In RNA Sequencing, there are a lot of analysis we can perform. For example, a standard pipeline will involve:
- Alignment of the reads (STAR, RUM, TopHat, MapSplice, GSNAP etc)
- Gene Counting (HTSeq, Cufflink etc)
- Differential gene expression analysis (DESeq, EdgeR, Cuffdiff etc)
- Functional Annotation (DAVID)
- Pathway Analysis (SPIA, GSEA, WGCNA etc)
This set of analysis should more or less gives us certain biological idea of what is happening to our sample. However, in recent attempts to analyse our RNA Sequencing data, it was found that it is very difficult to interpret the differential exon usage results, or in general, differential isoform expression. A possible pipeline will be something like
Alignment -> Gene Counting -> Differential gene expression analysis (DEXSeq)
or
Alignment -> MATS (or other tools)
Alternatively We can also try De novo assembly with Trinity or OASIS to construct the transcriptome or just align to the transcriptome of our organism, then pipe to RSEM and the perform EBSeq analysis.
But what afterwards? After obtaining the differential gene expression, we can try different from of functional annotation, but it is much more difficult for us to perform functional annotation on the different isoforms or exon. When you have more than a 1000 differentially expressed exons, how do you know exactly what's wrong in your condition or what is happening?

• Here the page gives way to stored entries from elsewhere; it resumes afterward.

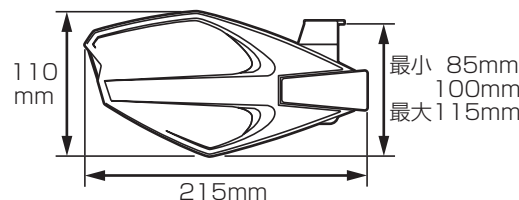

ナックルカバー SS675 (10mm ミラー穴取付用)

商品コード	(ホワイト) 562-0900100	(ブラック) 562-0900110
適合車種	汎用 (10mm ミラー穴取付用) 代表車種: リード110/アドレスV125 ※シグナスX/アクシストリート装着不可	
商品コード	(ホワイト/ミラーアダプター無し) 562-1427100	(ブラック/ミラーアダプター無し) 562-1427110
適合車種	汎用/ミラーアダプター無し (10mm ミラー穴取付用) 代表車種: Dio110 (JF31)	

●この度は当製品をお買い求め頂き誠に有難うございます。説明文を良く理解して正しい取付を行って下さい。

製品、装着について (必ずお読み下さい)

- ●この説明書はノーマル状態に取り付けることを前提とした取付説明書です。
- ●このパーツはドレスアップパーツです。他の用途には使用しないで下さい。
- ●このパーツは車種専用設計されていますので、他の車種には装着できません。また記載されていない追加加工や不正な取付、改造、仕様変更はしないで下さい。
- ●組み立てミス等によるパーツ、その他関連パーツの破損やそれに伴う事故等については全て運転者本人の責任とし、当社は一切の責任を負いませんのでご了承下さい。
- ●組み付け及び点検作業は必ず整備士資格のある方が行って下さい。また周辺部品の役割等が理解できない方は、必ず専門店の担当者又は、当社までご相談下さい。
- ●取付の際、必ず車種ごとのメーカーサービスマニュアルと併せて取付作業を進めて下さい。
- ●エンジンの振動等により、接着面が緩む可能性があります。走行前は必ず各部の確認をして下さい。
- ●お気付きの点や、異常を発見した場合は直ちに走行を停止して当社までご連絡下さい。

バックングリスト

商品コード	パーツ名	個数	
060-0500012	キャップボルト M6 × 12	4	4
505-1000102	ミラーアダプター (L/黒) 10R/10R	2	-
505-1000103	ミラーアダプター (R/黒) 10L/10L	1	-
562-0900000	ナックルカバー (ホワイト) SS675	各 1SET	各 1SET
562-0900010	ナックルカバー (ブラック) SS675	各 1SET	各 1SET
562-0900109	ナックルカバーステー (スクーター)	1SET	1SET

正面図

クリアランス

カバー部分は樹脂につき材質上、キズ等が付き易くなっていますのでご容赦下さい。また直射日光または、長期使用により変色する恐れがありますがご了承下さい。

■製品の保証について

- ●製造には万全を期しておりますが、万一当社の製造上の原因による品質不良がありました場合は同様、同数の新しい製品とお取り替え又は無償修理致しますが、それに伴う故障、破損、事故等についてのパーツ代金、整備費用の代償はご容赦下さい。
- ●当社製品の保証期間は商品購入後から6ヶ月です。

111019
〒577-0015
東大阪市長田3-8-13
TEL.06-6783-5311 (代)
株式会社 **KITACO** **キタコ** FAX.06-6782-0740

ナックルカバー SS675 (10mm ミラー穴取付用)

商品コード	(ホワイト) 562-0900100	(ブラック) 562-0900110
適合車種	汎用 (10mm ミラー穴取付用) 代表車種: リード110/アドレスV125 ※シグナスX/アクシストリート装着不可	
商品コード	(ホワイト/ミラーアダプター無し) 562-1427100	(ブラック/ミラーアダプター無し) 562-1427110
適合車種	汎用/ミラーアダプター無し (10mm ミラー穴取付用) 代表車種: Dio110 (JF31)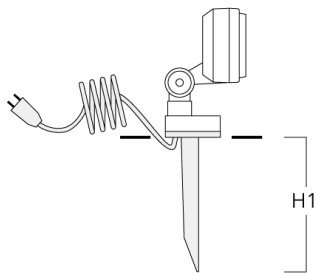

Piquet à planter EF

Description	Référence	H1	Poids (kg)
Piquet à planter EF1-2/M5 (FLD100)	145-9196	270	1.00

Socle de montage EM

Description	Référence	D1	D2	H1	M1	Poids (kg)
EM1-2/M5 socle de montage	145-9200	160	130	200	9	1.10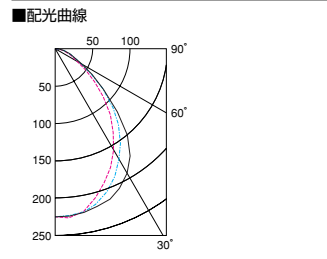

工
事
用
照
明
器
具
●
埋
込
形

OA金属ルーバ
V1タイプ

L2842A
△希望小売価格 **15,000円**(税抜)
●ルーバ 鋼板・アルミ鏡面仕上
●質量 1.0kg

遮光角	横方向 30度
	縦方向 30度

OA金属ルーバ
V2タイプ

L2852A
△希望小売価格 **15,000円**(税抜)
●ルーバ 鋼板・アルミ半鏡面仕上
●質量 1.0kg

遮光角	横方向 30度
	縦方向 30度

OA金属ルーバ
V3タイプ

L2862A
△希望小売価格 **15,000円**(税抜)
●ルーバ 鋼板・白色仕上
●質量 1.0kg

遮光角	横方向 30度
	縦方向 30度

ルーバ 16W用
マルチファインタイプ

L2872F
L2872Aのモデルチェンジ品
△希望小売価格 **6,500円**(税抜)
●ルーバ 鋼板・白色仕上(高反射白色塗装)
●質量 0.7kg

遮光角	横方向 15度
	縦方向 15度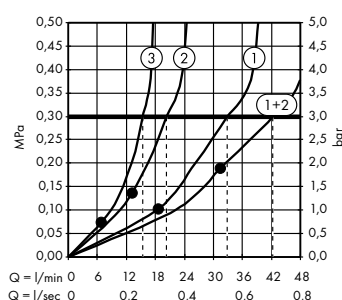

Příklad plánování

AXOR ShowerCollection se sprchou AXOR ShowerHeaven 970/970 3jet, s osvětlením:

AXOR ShowerCollection je flexibilní stavebnicový systém pro kreativní plánování sprchy. Tato instalace do rohu přináší komplexní zážitek ze sprchování. Především je tu sprcha AXOR ShowerHeaven se třemi různými druhy proudu. Jako boční sprchy se používají dva sprchové moduly. Všechny sprchové prvky se ovládají centrálně přes termostatický modul AXOR. Lze je používat jednotlivě nebo najednou.

- / Všechny tři druhy proudu sprchy ShowerHeaven 970/970 3jet se ovládají pohodlně přes termostatický modul 360/120
- / Všechny sprchy lze ovládat mimo mokrého prostoru
- / Teplotu vody lze nastavit už před sprchováním
- / Modul ruční sprchy lze velmi dobře ovládat ze vstupního prostoru, což se skvěle hodí pro čištění sprchy

Produkty

ShowerHeaven 970/970 3jet s osvětlením

10623800

Modul termostatu 360/120

s podomítkovou instalací, hranatý, pro 3 spotřebiče

10751000

Základní těleso

10750180

Uzavírací ventil 120/120

s podomítkovou instalací, hranatá verze

10972000

Základní těleso

10971180

Modul ruční sprchy 120/120

s podomítkovou instalací, hranatá verze

10651000

Základní těleso

10650180

2x sprchový modul 120/120

s podomítkovou instalací, hranatá verze

28491000

Polička 240/120

40873000

Základní těleso

40878180

Průtokové diagramy

ShowerHeaven 970/970 3jet

s osvětlením

10623800

- ① Rain
- ② RainAir
- ③ Mono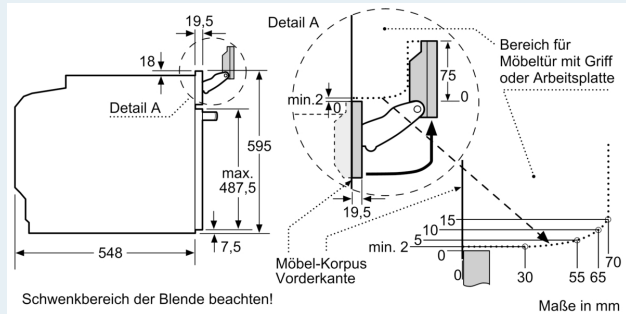

### Technische Info

- Länge des Anschlusskabels: 120 cm
- Nennspannung: 220 - 240 V
- Gesamtanschlusswert Elektro: 3.6 kW
- Energieeffizienzklasse (gem. EU Nr. 65/2014): A+(auf einer Energieeffizienzklassen-Skala von A+++ bis D)
- Energieverbrauch pro Zyklus im konventionellen Modus: 0.87 kWh
- Energieverbrauch pro Zyklus im Umluft-Modus: 0.69 kWh
- Zahl der Garräume: 1 Wärmequelle: elektrisch Innenraumvolumen: 71 l

### Maße

- Gerätemaße (HxBxT): 595 x 594 x 548mm
- Nischenmaße (HxBxT): 595 mm x 560 mm x 550 mm
- „Maße und Einbauhinweise zu diesem Gerät gemäß technischer Zeichnung beachten“

**iQ700, Einbau-Backofen mit  
Dampfunterstützung, 60 x 60 cm,  
Schwarz, Edelstahl  
HR776G1B1**

Einbau von zwei Geräten übereinander  
Luftaustausch

A: Lufteintritt  $\geq 200 \text{ cm}^2$

Schwenkbereich der Blende beachten!

Maße in mm

Platz für Geräteanschluß  
320 x 115

Maße in mm

Wird das Gerät unter einem Kochfeld eingebaut, muss folgende Arbeitsplattenstärke (ggf. inkl. Unterkonstruktion) beachtet werden.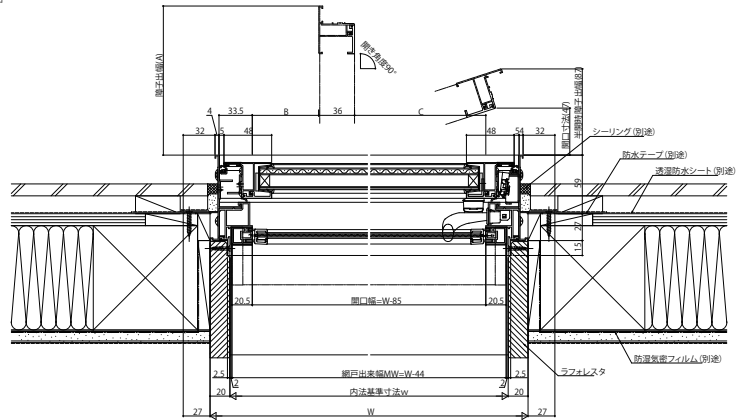

■たてすべり出し窓 カムラッチハンドル仕様 ●上げ下げロール網戸 XMWを取付けた場合

内観姿図

< >寸法は、W<378の場合

●横引きロール網戸 XMYを取付けた場合

内観姿図

< >寸法は、405<Wの場合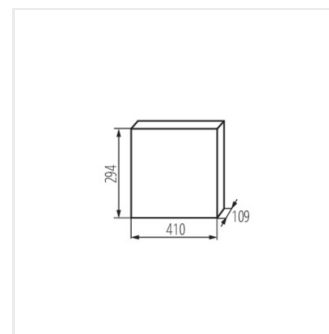

KDB

Quadro di distribuzione serie KDB

KDB-S36PM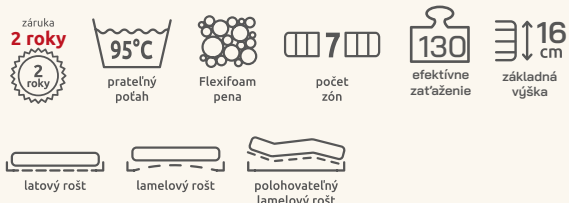

[FUN FLEX]

Ortopedický, celkovo tuší sendvičový matrac s rozdielnou tuhosťou strán a masážnou sedemzónovou profiláciou.

Jemný potah Mikrofáza prateľný na vyváрку zaistí dokonalú hygienu. Kvalitné a odolné mikrovlnka a prešívanie, ktoré držia tvar. Klimatizačné vrstvy dutých vlákien.

Strana FLEXI SOFT z pružnej peny Flexifoam strednej tuhosti so 7 zónovou profiláciou na jemnú masáž.

Stredná časť jadra z odolnej peny Flexifoam® s vyššou odolnosťou voči dlhodobému tlaku.

Strana FLEXI Hard - 7 anatomických zón s jemnou masážnou profiláciou na jemné prekrvenie svalstva a podporu krvného obehu.

179,90 €

za 1 ks v typickom rozmere jednolôžka
(90 × 200 / 80 × 200 / 85 × 195 / 100 × 200 / 80 × 195 / 90 × 190 cm)

120 × 200 cm	235,00 €
140 × 200 cm	272,00 €
160 × 200 cm	299,00 €
180 × 200 cm	332,00 €
200 × 200 cm	374,00 €

TUHOŠŤ

poddajnejšia strana / pevnejšia strana

DYNAMICKÁ PRUŽNOSŤ

Čím viac, tým lepšie.
Pre pohodlie, pre zdravie.

atypické
rozmery

Atypické rozmery do rozmeru 100 × 200 cm = +10%.
Atypy > 100 × 200 cm = +10 % k najbližšiemu väčšiemu rozmeru.
Predĺženie do 210 cm = +10 %, do 220 cm = +20 % k vybranému rozmeru, resp. k navýšenej cene atypického rozmeru.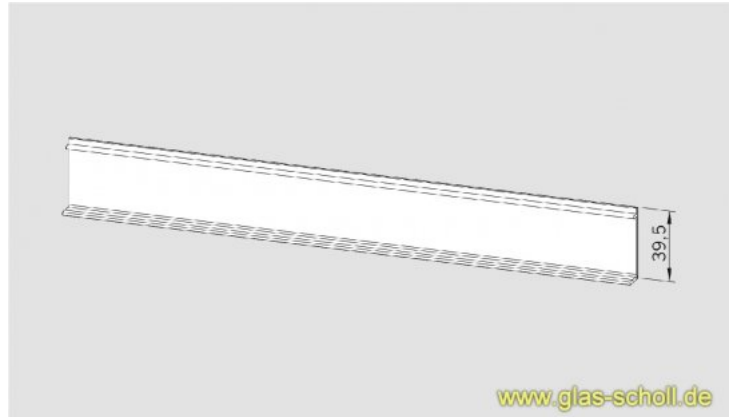

Deckprofil für Wandanschlußprofil D-07.05 roh (2 x 2m)

Art. Nr.: D-07.053.100.2

Deckprofil für Glas-Klemmprofil für Wandanschluß
oder Oberlichmontage

54,90 €

inkl. MwSt, zzgl. Versand

1 Stück | 54,90 €/Stück

Lieferzeit: 2-3 Tage

beidseitiges Deckprofil für Wandanschlußprofil/Klemmprofil **D-05.05**

Die Profile müssen lediglich aufgeklipst werden.

Dieser Artikel umfasst jeweils Deckprofile für beide Seiten.

Wenn Sie also 2m Grundprofil haben und z.B. den Artikel D-07.053-2 kaufen, enthält der Artikel 2x 2m Klipsprofil um beide Seiten abdecken zu können.

Verfügbare Oberflächen: roh, silber matt EV1, verkehrsweiß, Edelstahl-Effekt, echtes Edelstahl matt oder poliert (chromähnlich)

Das **Grundprofil D-05.05** bzw. die Endkappen sind nicht in diesem Artikel enthalten.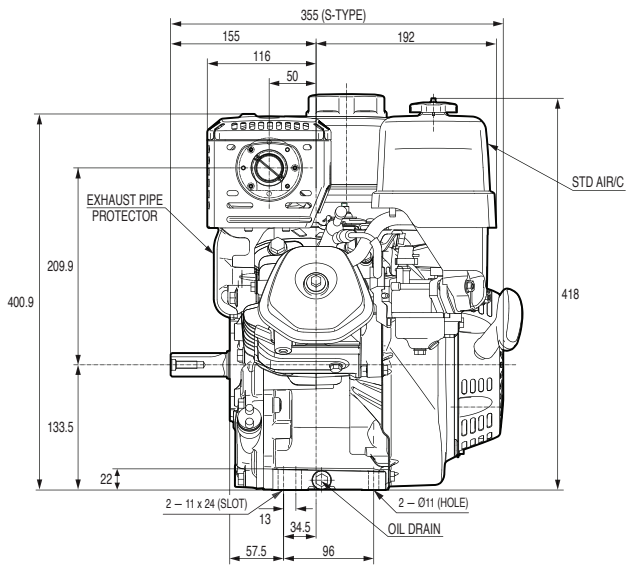

装備図 GX270

**空冷4ストローク単気筒
OHVガソリンエンジン**

Air-cooled 4-stroke single cylinder
OHV gasoline engine

外形寸法 (mm) Dimensions (mm)

外形寸法 (mm)
Dimensions (mm)

外形寸法 (mm)
Dimensions (mm)

減速タイプ
Reduction Types

PTOシャフト寸法(mm)

PTO Shaft Dimensions (mm)

S-Type

Q-Type

V-Type

仕様 Specifications

サイクロン式エアクリナー
Cyclone air cleaner

高傾斜対応エンジン
High inclination

エンジン種類	空冷4ストローク単気筒 OHVガソリンエンジン	Engine type	Air-cooled 4-stroke single cylinder OHV gasoline engine
鋳鉄スリーブ	有	Cast iron sleeve	✓
排気量	270 cm ³	Displacement	270 cm ³
燃料消費量 (連続定格出力時)	2.4 L/h@3600 rpm	Fuel cons. at cont. rated power	2.4 L/h@3600 rpm
燃料タンク容量	5.3 L	Fuel tank capacity	5.3 L
寸法 (全長×全幅×全高)	355 × 428 × 418 mm	Dimensions (L x W x H)	355 × 428 × 418 mm
乾燥重量	25.8 kg	Dry weight	25.8 kg

性能曲線 Power Curve

最大出力(ネット)	Max. net power		6.3 kW (8.4 HP)@3600 rpm
連続定格出力	Continuous rated power		5.1 kW (6.8 HP)@3600 rpm
最大トルク(ネット)	Max. net torque		19.1 N·m (1.94 kgf·m)@2500 rpm

本紙に表示したエンジン出力はSAE J1349に準拠して測定された代表的なエンジンの出力値です。量産エンジンの出力は、この数値と変わることがあります。完成機に搭載された状態での実出力値はエンジン回転数、使用環境、メンテナンス状態やその他の条件により変化します。外観、寸法、乾燥重量はタイプによって異なります。また、本仕様は予告なく変更する場合があります。本紙の掲載内容は2022年6月現在のものになります。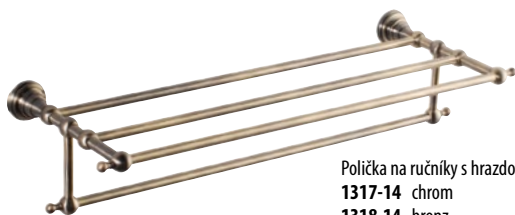

Police na ručníky s hrazdou, 550 mm
1317-14 chrom 2 990 Kč
1318-14 bronz 3 690 Kč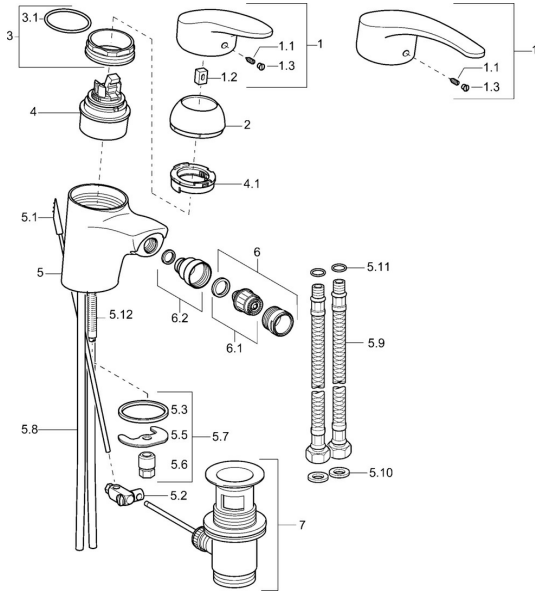

**Ersatzteile**
**SP01063273**

	<b>Name</b>	<b>Art.-Nr.</b>
1	Hebel, L=87 mm	59914195
1	Langer Hebel, L=138 Chrom	01880076
1.1	Schraube, M5x8, SW2.5	59904755
1.2	Kunststoffadapter	59904778
1.3	Dekorkappe Grau	59912112
2	Abdeckkappe Weiss <b>Ausgelaufen</b>	59912639
2	Abdeckkappe Chrom	59912638
2	Abdeckkappe Gold <b>Ausgelaufen</b>	59912640
3	Ringschraube, M50x1, SW45	59904775
3.1	O-Ring, d 43x2.5	59911166
4	Kartusche, 4.8 eco	59904601
4.1	Warmwasser Begrenzer	59904759
5.1	Zugstange mit Knopf Chrom <b>Ausgelaufen</b>	59913033
5.2	Gelenkstück	59904624
5.3	Dichtung, 37x48x3.5	59911422
5.5	Befestigungsplatte	59904765
5.6	Schraube, M8x1, SW13	59904766
5.7	Befestigungssatz	59910749
5.8	Schlauch	59912709
5.9	Anschlußschlauch, L=430, G3/8-M10x1	59912515
5.10	Dichtung, 9.5x14.4x2	59912551
5.11	O-Ring, d 7.65x1.78	59902337
5.12	Befestigungsschraube, M8x1, L=140	59912474
5.13	Anschlussrohr, 10xG3/8 Chrom <b>Ausgelaufen</b>	59912332
6	Luftsprudler, M24x1 A Weiss <b>Ausgelaufen</b>	59905419
6	Luftsprudler, M24x1 STD HC A Chrom	59902366
6.1	Luftsprudler, M22/24 A	59902081
6.2	Strahlregler mit Kugelgelenk für Bidetarmatur	59910952
7	Ablaufgarnitur Chrom	59904620
N.I.	Einbausatz	59913083
N.I.	Luftsprudler, M24x1 (2011-)	59913739

tldr: What are your usual practice to explain the results from differential exon usage / differential isoform expression analysis especially when you don't have a defined set of candidate genes?
I'm rather interested in what others have to say about this question. My 2 cents is that we aren't generally in a position to use these results (differential exon/isoform usage specifically) to give any biological insight since, frankly, we often have no clue what the functional consequences of increasing the expression of some particular splice form (that itself has never been studied) of some gene that's only mentioned in passing in one paper from a decade ago.
I do agree with that. It seems like although we have realize this as an important question, we just don't have enough knowledge (e.g. database) for us to answer that. The point is, it seems like we are not completely blind to these information, for example, for the gene Ptk2 http://www.uniprot.org/uniprot/Q05397, it does provide information regarding different isoform. The problem is, when you have many of these differential isoforms, then it will become difficult to do manual search for each of them...
Along these lines, it'd be nice to see papers people have seen that do a good job of these type of analyses and interpretation.